Although residents of Sekondi-Takoradi feel very sad about the untimely death of President JEA Mills and have greatly mourned him, they have resolved never to translate their grief and sorrows into sympathy votes for the ruling National Democratic Congress in the December 7 general elections.
A cross-section of the people who have been phoning-in into local radio programmes since the demise of the deceased tax and law professor say there is no way that this sad and sudden incident would alter their avowed decision to vote for the New Patriotic Party and its flag bearer, Nana Addo Dankwa Akufo-Addo.
The ruling National Democratic congress, they say, would therefore be highly disappointed if it expects President Mills’ death to fetch them any sympathy votes in Sekondi-Takoradi area.
This outburst put to rest speculations in the metropolis that, moved by President Mills’ death, the residents would have sympathy for his party and retain it in power during the polls.

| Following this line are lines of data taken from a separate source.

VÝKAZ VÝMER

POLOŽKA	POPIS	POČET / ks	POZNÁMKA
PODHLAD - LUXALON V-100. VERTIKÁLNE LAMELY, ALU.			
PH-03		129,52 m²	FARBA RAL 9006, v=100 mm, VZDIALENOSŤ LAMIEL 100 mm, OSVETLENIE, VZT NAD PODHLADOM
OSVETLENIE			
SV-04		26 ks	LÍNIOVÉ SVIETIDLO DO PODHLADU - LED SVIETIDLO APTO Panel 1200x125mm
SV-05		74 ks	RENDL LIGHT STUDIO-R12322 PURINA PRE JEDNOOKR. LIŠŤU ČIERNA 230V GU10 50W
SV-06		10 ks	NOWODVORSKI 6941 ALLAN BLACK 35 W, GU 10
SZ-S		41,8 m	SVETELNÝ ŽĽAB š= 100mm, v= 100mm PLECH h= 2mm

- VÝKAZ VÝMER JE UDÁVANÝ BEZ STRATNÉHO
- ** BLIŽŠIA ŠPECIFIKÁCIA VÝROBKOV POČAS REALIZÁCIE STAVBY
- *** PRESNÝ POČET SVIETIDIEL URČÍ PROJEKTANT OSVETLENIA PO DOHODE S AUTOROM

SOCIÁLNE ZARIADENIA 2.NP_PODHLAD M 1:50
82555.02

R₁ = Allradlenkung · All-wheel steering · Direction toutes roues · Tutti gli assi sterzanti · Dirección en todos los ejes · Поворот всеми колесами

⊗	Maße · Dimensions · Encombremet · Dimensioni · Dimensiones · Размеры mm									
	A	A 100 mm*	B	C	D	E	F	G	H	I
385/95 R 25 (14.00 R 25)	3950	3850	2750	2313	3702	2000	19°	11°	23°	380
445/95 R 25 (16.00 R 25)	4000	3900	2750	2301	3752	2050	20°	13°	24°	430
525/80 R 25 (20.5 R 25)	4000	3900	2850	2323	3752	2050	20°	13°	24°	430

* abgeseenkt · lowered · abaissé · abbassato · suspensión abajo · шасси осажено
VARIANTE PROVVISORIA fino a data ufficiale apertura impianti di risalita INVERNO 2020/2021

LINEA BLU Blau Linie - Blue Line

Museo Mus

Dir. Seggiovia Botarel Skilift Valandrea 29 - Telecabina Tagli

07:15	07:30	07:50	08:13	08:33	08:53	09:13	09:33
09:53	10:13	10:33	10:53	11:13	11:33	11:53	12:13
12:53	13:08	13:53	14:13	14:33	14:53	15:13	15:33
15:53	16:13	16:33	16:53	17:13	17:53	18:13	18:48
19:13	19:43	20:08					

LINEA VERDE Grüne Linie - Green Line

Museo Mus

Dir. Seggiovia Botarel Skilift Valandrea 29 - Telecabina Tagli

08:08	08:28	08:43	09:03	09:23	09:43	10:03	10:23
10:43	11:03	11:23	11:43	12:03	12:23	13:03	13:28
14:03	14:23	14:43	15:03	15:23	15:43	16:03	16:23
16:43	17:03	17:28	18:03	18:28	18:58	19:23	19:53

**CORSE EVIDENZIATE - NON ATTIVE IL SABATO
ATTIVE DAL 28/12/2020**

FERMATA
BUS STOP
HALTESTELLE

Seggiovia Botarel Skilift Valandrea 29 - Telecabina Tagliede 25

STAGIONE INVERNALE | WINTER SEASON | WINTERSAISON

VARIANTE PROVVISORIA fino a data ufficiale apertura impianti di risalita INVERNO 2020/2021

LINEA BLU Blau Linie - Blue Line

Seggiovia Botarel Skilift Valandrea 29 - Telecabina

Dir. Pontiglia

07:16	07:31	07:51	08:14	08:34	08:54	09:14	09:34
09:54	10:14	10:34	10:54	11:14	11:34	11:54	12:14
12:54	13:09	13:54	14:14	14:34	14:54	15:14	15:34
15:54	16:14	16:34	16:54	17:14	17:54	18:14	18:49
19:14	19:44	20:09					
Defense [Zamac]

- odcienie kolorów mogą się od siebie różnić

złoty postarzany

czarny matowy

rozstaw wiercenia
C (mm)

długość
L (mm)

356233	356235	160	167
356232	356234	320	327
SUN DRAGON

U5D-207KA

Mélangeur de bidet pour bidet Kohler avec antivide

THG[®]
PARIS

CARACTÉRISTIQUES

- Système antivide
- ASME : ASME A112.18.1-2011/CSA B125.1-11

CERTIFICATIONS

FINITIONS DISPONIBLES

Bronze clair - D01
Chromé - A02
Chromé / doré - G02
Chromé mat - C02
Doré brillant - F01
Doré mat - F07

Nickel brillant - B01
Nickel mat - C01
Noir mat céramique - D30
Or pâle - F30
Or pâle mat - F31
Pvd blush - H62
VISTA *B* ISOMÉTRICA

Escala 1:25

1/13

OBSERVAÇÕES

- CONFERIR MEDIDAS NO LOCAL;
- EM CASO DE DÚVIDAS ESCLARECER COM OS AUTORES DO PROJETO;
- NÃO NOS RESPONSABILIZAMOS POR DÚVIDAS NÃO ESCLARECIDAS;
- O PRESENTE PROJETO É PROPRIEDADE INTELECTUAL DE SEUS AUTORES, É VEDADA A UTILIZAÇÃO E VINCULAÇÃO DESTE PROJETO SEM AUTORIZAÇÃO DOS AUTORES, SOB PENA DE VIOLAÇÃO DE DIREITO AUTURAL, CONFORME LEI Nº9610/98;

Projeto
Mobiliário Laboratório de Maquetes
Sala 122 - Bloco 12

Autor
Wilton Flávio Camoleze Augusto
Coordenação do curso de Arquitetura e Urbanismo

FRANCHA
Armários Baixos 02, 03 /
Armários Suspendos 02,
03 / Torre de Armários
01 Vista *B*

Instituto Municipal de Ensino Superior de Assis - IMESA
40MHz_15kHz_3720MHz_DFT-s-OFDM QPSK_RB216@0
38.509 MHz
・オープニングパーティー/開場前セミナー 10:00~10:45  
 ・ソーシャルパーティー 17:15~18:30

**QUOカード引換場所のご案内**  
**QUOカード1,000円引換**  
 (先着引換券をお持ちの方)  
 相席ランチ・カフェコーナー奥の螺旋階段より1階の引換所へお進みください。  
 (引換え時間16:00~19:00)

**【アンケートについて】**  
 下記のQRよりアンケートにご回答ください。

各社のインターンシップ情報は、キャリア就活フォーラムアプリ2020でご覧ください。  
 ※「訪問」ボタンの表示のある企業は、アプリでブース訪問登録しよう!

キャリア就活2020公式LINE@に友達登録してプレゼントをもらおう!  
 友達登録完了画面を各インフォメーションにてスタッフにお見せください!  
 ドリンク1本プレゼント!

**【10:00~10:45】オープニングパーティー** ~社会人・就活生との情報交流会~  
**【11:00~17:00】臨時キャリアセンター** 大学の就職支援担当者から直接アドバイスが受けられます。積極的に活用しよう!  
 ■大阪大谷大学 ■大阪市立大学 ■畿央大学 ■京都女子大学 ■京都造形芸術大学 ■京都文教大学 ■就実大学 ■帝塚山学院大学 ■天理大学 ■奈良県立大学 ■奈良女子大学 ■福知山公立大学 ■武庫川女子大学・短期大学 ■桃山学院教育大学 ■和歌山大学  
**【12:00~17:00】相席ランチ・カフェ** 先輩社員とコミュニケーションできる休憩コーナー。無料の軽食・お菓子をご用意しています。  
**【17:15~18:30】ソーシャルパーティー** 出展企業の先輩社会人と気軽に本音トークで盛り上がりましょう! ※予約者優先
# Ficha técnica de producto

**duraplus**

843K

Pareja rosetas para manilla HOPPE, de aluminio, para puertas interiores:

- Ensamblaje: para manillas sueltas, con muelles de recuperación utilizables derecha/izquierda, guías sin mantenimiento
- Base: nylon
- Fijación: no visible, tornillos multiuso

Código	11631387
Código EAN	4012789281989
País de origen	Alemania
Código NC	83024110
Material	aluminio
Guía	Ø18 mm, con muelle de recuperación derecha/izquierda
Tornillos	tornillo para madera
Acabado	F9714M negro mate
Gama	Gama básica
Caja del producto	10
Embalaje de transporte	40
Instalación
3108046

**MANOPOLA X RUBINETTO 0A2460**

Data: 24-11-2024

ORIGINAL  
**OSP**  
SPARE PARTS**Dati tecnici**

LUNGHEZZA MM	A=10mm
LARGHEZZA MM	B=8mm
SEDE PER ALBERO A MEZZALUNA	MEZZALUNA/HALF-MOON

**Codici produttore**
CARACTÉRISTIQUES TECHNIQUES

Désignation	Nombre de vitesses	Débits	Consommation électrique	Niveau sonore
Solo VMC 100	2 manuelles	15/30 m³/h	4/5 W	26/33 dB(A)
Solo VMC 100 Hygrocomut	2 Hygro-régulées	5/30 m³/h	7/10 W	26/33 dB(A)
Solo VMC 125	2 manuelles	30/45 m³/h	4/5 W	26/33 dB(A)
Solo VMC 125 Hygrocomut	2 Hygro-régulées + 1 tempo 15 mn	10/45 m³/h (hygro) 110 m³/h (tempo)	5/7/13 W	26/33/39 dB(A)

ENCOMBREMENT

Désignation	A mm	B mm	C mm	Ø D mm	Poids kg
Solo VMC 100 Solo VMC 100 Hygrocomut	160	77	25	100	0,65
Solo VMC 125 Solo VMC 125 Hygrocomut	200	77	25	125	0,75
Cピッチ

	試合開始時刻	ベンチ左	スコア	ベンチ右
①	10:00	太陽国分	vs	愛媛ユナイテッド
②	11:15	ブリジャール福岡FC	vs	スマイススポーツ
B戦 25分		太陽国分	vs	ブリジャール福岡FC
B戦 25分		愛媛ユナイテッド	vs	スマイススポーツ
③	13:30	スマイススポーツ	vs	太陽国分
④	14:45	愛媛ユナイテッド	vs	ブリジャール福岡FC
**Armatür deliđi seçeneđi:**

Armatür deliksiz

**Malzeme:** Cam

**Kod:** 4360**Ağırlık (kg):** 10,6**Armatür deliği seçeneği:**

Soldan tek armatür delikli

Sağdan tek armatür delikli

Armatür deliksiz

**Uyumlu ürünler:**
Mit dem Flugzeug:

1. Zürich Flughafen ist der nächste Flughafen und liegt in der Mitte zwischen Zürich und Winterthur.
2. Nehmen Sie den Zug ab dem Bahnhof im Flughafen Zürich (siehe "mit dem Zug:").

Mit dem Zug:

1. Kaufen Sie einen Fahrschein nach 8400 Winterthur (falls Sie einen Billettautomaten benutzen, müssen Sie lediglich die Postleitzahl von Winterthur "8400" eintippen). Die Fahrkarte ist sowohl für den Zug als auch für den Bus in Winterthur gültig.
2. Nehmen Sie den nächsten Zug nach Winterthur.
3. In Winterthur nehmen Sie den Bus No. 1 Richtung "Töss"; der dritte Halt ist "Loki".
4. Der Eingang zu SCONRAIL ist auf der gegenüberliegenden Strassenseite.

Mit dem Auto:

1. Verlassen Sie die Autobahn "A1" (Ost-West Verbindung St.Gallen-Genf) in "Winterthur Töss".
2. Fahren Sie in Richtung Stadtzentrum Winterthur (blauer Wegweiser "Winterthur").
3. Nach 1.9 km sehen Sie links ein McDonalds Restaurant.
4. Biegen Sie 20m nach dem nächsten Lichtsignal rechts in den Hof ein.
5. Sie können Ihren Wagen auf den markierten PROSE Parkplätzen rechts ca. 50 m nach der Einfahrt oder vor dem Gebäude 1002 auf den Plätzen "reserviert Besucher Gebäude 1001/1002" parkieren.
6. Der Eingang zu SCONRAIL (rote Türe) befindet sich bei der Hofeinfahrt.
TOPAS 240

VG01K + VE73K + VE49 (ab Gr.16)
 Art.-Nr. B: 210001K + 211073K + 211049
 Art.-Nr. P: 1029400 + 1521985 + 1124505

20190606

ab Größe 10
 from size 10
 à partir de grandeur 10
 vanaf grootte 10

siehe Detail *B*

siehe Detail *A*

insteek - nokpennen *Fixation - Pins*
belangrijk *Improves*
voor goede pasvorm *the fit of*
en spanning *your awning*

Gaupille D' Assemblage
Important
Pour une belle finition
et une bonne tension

The callers maintain they are still very angry with the ruling NDC for mismanaging the Ghanaian economy and would therefore show the late former President’s party the exit come December.
They contend that President Mills’ death has not in any way changed the fortunes of the country and that Ghana remains the same since that black Tuesday. To them, high cost of living, exorbitant school fees, near collapse of the National Health Insurance Scheme and payment of huge and unrealistic judgement debts which President Mills presided over, still stare Ghanaians in the face.
Consequently, the people say they do not see the sense and wisdom in retaining this ‘incompetent government’ in power, stressing that there is absolutely nothing that the newly sworn -in president, John Dramani Mahama, and his vice, Paa Kwesi Bekoe Ammissah-Arthur, could do overnight to reverse the mess that Ghana has found itself in the last three and a half years.
They say the country’s custom and traditions forbid making unpalatable comments about the dead and would therefore not be too hard on the deceased president.
Some of the angry callers, who continue to express disgust at the ‘deceptive nature’ of President Mahama, entertain fears that he may run the nation on the altar of lies and unfulfilled promises.
It may be recalled that during the 2008 electioneering campaign, President Mahama, as the then presidential running mate, promised the chiefs and people of the Western Region that an NDC government would put aside ten percent of the oil revenue for development of the region. He, however, denied ever making that promise when the people started agitating for that fund.